Vinayak, I did say "for larger bills" didn't I? :). My dad's been doing 
security printing since the 80s so I've picked up some trivia along the way.

That is, besides inflation, another reason why small currency is going out of 
circulation

-- 
srs (blackberry)

-----Original Message-----
From: Vinayak Hegde <vinay...@gmail.com>
Sender: silklist-bounces+suresh=hserus....@lists.hserus.net
Date: Sat, 5 May 2012 10:02:26 
To: silklist@lists.hserus.net<silklist@lists.hserus.net>
Reply-To: silklist@lists.hserus.net
Subject: Re: [silk] Of paper tigers and tigers on paper

On Tuesday, January 24, 2012, Vinayak Hegde wrote:

> On Mon, Jan 23, 2012 at 11:05 PM, Suresh Ramasubramanian
> <sur...@hserus.net <javascript:;>> wrote:
> > Udhay Shankar N [23/01/12 22:37 +0530]:
> >
> >> On 23-Jan-12 9:53 PM, ss wrote:
> >>
> >>> Once you oursource a thing like making curreny then you can only writhe
> >>> and
> >>> kick about when it gets faked.
> >>
> >>
> >> The hidden assumption in this statement is that it is feasible to get
> >> the same anti-forgery features done here at a comparable cost.
> >
> >
> > Udhay, for larger bills (such as the 10 rupee and above currently in
> > circulation), the face value of the bill is going to be far more than its
> > printing and distribution costs.
> >
> > It wont cost 500 rupees to print a 100 rupee bill
>
> Well only partly true.
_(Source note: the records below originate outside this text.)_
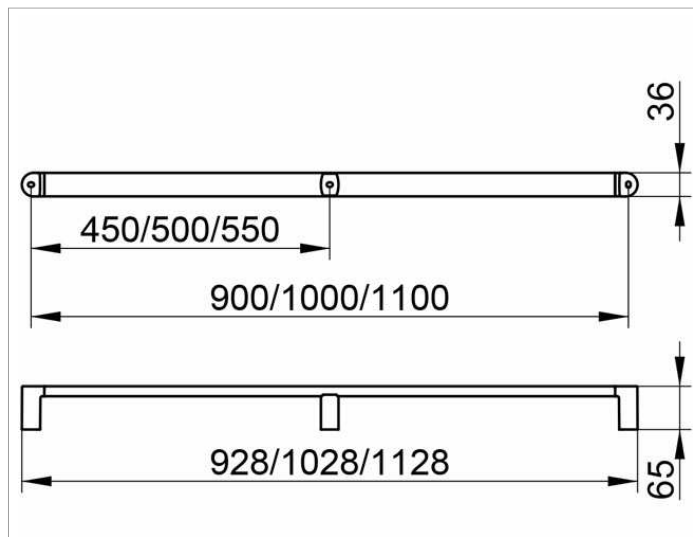

Elegance

31601011000 Поручень

ИЗДЕЛИЕ**ЧЕРТЕЖ****ОПИСАНИЕ ИЗДЕЛИЯ**

для вертикального или горизонтального монтажа

поверхность

хром

Габариты

1028 mm

спецификации

KEUCO Elegance grab rail 31601011000

Chrome-plated grab rail

Elegant, oval profile,

slightly shaped surfaces in a timeless design,

solid wall mounting in zinc cast,

easy to clean

Getting up and down up to 242 lb load capacity

Axle measurement 39-3/8",

Total width of 40-1/2"

Projection 2-9/16"

incl. corrosion-free mounting material

The 40-1/2" long model are provided

With a third wall mounting set (in the middle)

The restoring of a tip-up seat is not possible!

Currency can sometimes be cost more to make
> than face value.
> Case in point the lincoln penny costs 1.7 cents to make when the face
> value is 1 cent.
>
>
> http://blogs.wsj.com/economics/2009/02/12/new-penny-lincoln-love-helps-keep-waste-alive/
>
> One guy even built his business model on monetising this differential cost.
>
> http://www.newyorker.com/reporting/2008/03/31/080331fa_fact_owen
>
> More links:
>
> http://economistsview.typepad.com/economistsview/2008/05/the-lincoln-cen.html
>
> I have lately been fascinated that countries have been printing
> currency on plastic. I have few of those in my collection.
>
> Nothing tells about how high inflation is (the govt manipulated index
> notwithstanding) than how cheap is the metal that goes into making the
> coins.
> Case in point Look at how the 1 Rupee / 2 Rupees / 5 rupees coins have
> "evolved". The metal has become cheaper and the coins have become
> smaller. 25/50paise coins have gone out of circulation.
>
> -- Vinayak
>

Canada is getting rid of the penny finally.